Nico Perrino: I want to close up by asking you how much of the knowledge in your book, or the studies that you cite have reached their half life or become irrelevant or have been overturned. Your book came out in 2012, we're going on six years since its publication. What else have you learned and what have you found to be wrong in your original work?

Samuel Arbesman: Sure. And well, certainly on the one thing what I said were I felt like the replication crisis – people would not be – would have no incentives for replicating things, turned out to be wrong. And I feel very glad that I was wrong because that means science is doing the right thing. One other thing, I certainly don't know a percentage of which things have been overturned, but they can definitely tell a story.

So, actually it turns out – so, one of the stories in the hard cover edition of my book is about the – an error – a typographical error related to the iron content of spinach and how it persisted for decades. And it turns out between the time my book went to press and when it was actually published, I learned that actually this story was not actually fully true.

So, it turned out – what happened was – and so when I wrote this story I quoted this – I quoted this story within a British medical journal that was, I think the article was from like 1980 or so about this kind of typo that led people to think that iron had – or that spinach had ten times more iron than it actually did and because of that we have Popeye and all of these kinds of things, and it turns out this is probably not – not correct.

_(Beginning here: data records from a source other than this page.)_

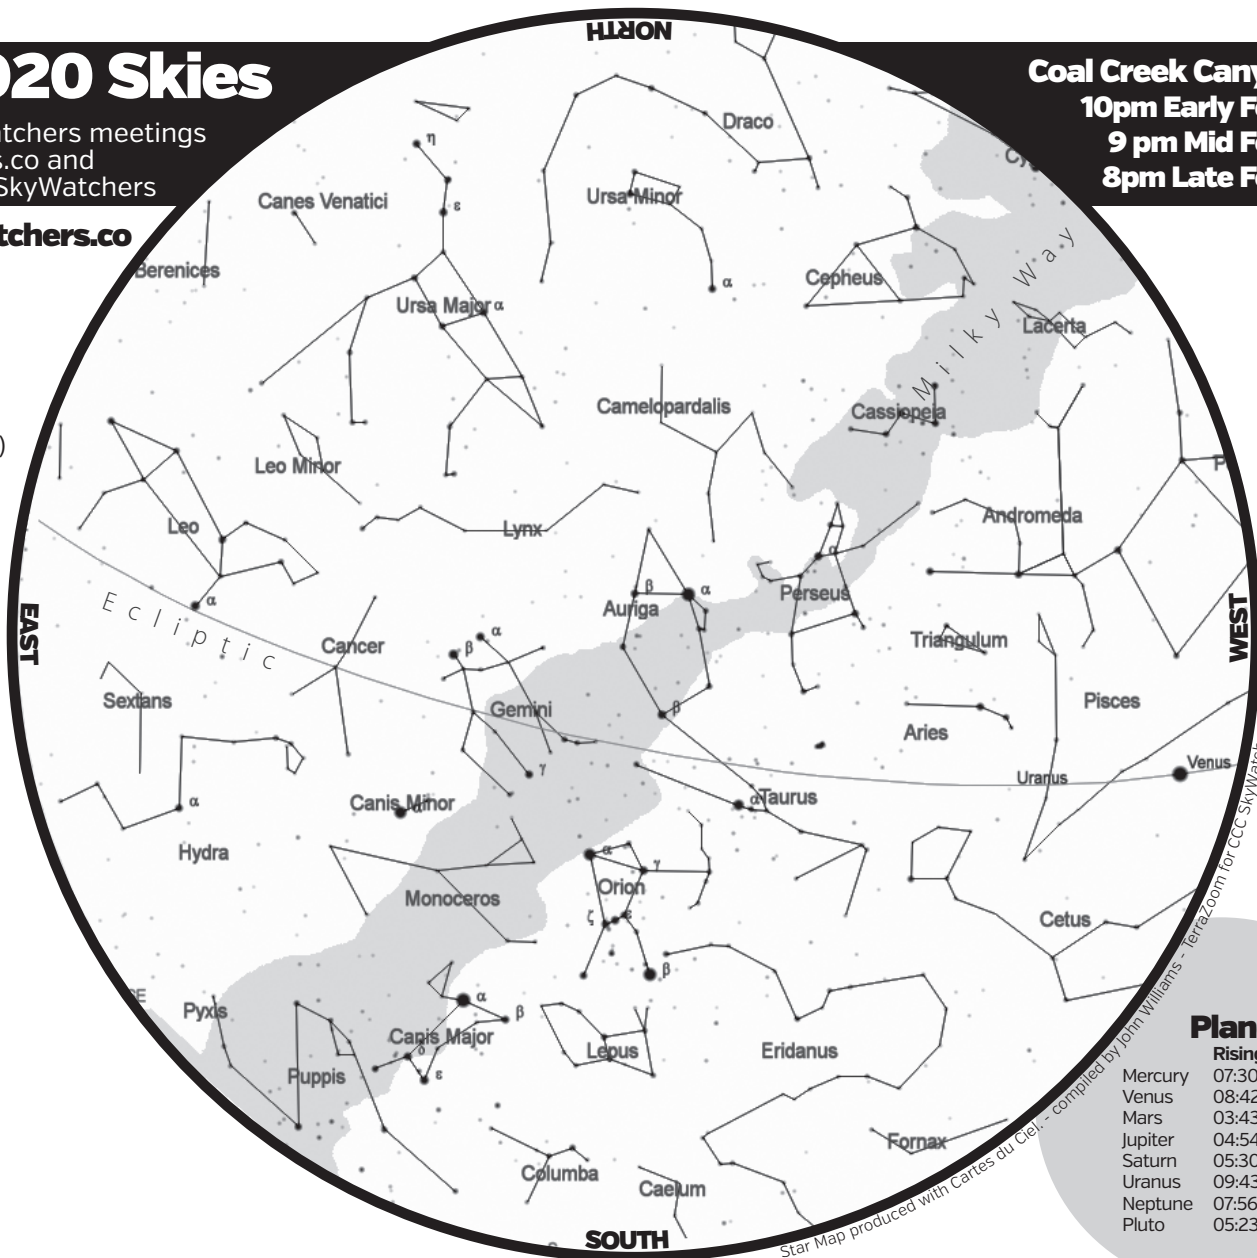

**Coal Creek Canyon, CO**  
**10pm Early February**  
**9 pm Mid February**  
**8pm Late February**

## Sky Events - February 2020

- 1 First Quarter Moon
- 8  $\alpha$ -Centaurid meteor shower
- 9 Full (Snow) Moon (SuperMoon)
- 11 Mercury at Greatest Eastern Elongation (evening)
- 15 Last Quarter Moon
- 18 Conjunction Moon and Mars
- 19 Conjunction Moon and Jupiter
- 20 Conjunction Moon and Saturn
- 23 New Moon
- 27 Conjunction Moon and Venus

## Planets

	Rising	Setting
Mercury	07:30	18:55
Venus	08:42	21:06
Mars	03:43	12:51
Jupiter	04:54	14:11
Saturn	05:30	14:59
Uranus	09:43	23:03
Neptune	07:56	19:14
Pluto	05:23	14:43

All Iridium satellites that "flare" were deorbited by end of 2018. No more Iridium flares.

**Orbital Information:**  
 Tiangong 2: decayed  
 ISS: 408 x 411 km, 51.6°  
 Hubble: 537 x 540 km, 28.5°

\* denotes that prediction accuracy may be off by several seconds.

It was probably, there was some – there was some maybe some experimental contamination issues or confusion between iron oxide and iron, but this error in the late 19th century or whenever it was, it was actually corrected relatively, like in the span of a couple of decades or so, I think the early 20th century as opposed to all the way into the 1930s, but this story – this story of how error persists, the story itself – this erroneous story was only debunked in I think 2010, and I actually was not made aware of it until mid-2012, whenever my book had gone to press.

And so, I – so then I was able to mention that then also include that in an afterward, the whole story – the story in the afterward of my paperback edition. So, that was kind of exciting. Another thing – and this was not necessary from the book, but I remember one of – an essay that I wrote that related to some of the idea – and I say related to some of the ideas of the book before I published it, I used this well-worn analogy of people always talking about when things change slowly it's sort of like a frog being boiled in water.

And if you kind of like – a frog will jump out of boiling water but if you slowly raise the temperature, the frog will be used to it and then it will be boiled alive. And it turns out, this is not true and James Fallows, a writer at the Atlantic, he actually has devoted a lot of effort to root out this error, and it turns out – I think people have actually tried this and it's only true if the frog is brain dead or something like that, which reduces the effectiveness of the story quite a bit.

And so, I was able to actually include that within the book – saying that actually, "Guess what, the story is not actually accurate," but I'm sure, yeah, there are things as well, too.

Nico Perrino: All right. Well, I think we're gonna leave it there. We've been talking for close to an hour how. Sam, I really appreciate your coming on the show.

Samuel Arbesman: It's my pleasure. Thanks so much.